What you should do :: Starting with the line that contains "2. Speaker 260W" and stopping after the line that contains "4. Active Subwoofer", return each line below exactly as written, with no others.

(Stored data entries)
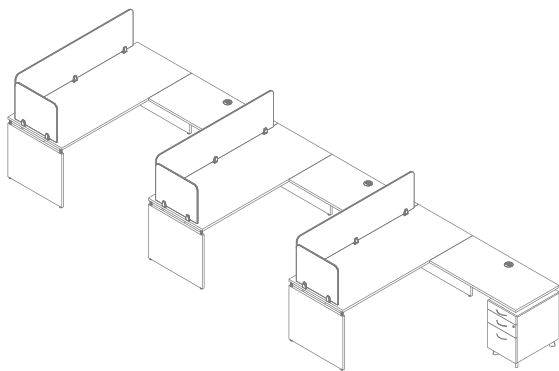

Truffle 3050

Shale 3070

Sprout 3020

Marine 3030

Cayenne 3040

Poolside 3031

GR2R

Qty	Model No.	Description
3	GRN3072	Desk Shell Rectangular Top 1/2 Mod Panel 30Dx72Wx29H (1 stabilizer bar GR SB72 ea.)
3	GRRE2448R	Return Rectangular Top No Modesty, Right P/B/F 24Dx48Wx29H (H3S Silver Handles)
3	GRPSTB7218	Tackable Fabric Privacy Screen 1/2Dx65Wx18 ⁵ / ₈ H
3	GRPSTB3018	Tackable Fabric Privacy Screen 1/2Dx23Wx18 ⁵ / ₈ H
* * *
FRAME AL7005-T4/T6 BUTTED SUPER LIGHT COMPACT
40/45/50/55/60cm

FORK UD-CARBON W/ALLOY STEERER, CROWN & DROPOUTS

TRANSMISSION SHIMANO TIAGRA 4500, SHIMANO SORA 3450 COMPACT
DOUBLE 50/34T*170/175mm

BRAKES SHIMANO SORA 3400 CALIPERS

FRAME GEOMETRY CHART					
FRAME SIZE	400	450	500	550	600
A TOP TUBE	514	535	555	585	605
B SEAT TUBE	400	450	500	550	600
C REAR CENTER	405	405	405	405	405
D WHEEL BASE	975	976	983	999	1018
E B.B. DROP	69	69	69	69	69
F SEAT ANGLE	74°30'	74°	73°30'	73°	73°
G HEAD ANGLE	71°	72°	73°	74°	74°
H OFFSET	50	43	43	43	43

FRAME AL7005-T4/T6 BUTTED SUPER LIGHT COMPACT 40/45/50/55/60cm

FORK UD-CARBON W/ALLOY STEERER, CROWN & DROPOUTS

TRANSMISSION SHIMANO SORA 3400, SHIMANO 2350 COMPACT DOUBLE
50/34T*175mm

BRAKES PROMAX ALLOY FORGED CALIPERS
==
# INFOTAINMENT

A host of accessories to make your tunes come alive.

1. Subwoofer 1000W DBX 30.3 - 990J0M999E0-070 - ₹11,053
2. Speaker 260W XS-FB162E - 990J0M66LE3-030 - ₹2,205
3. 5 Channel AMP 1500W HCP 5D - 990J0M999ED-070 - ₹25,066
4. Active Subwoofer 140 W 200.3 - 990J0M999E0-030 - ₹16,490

Task output ::
2. Speaker 260W XS-FB162E - 990J0M66LE3-030 - ₹2,205
3. 5 Channel AMP 1500W HCP 5D - 990J0M999ED-070 - ₹25,066
4. Active Subwoofer 140 W 200.3 - 990J0M999E0-030 - ₹16,490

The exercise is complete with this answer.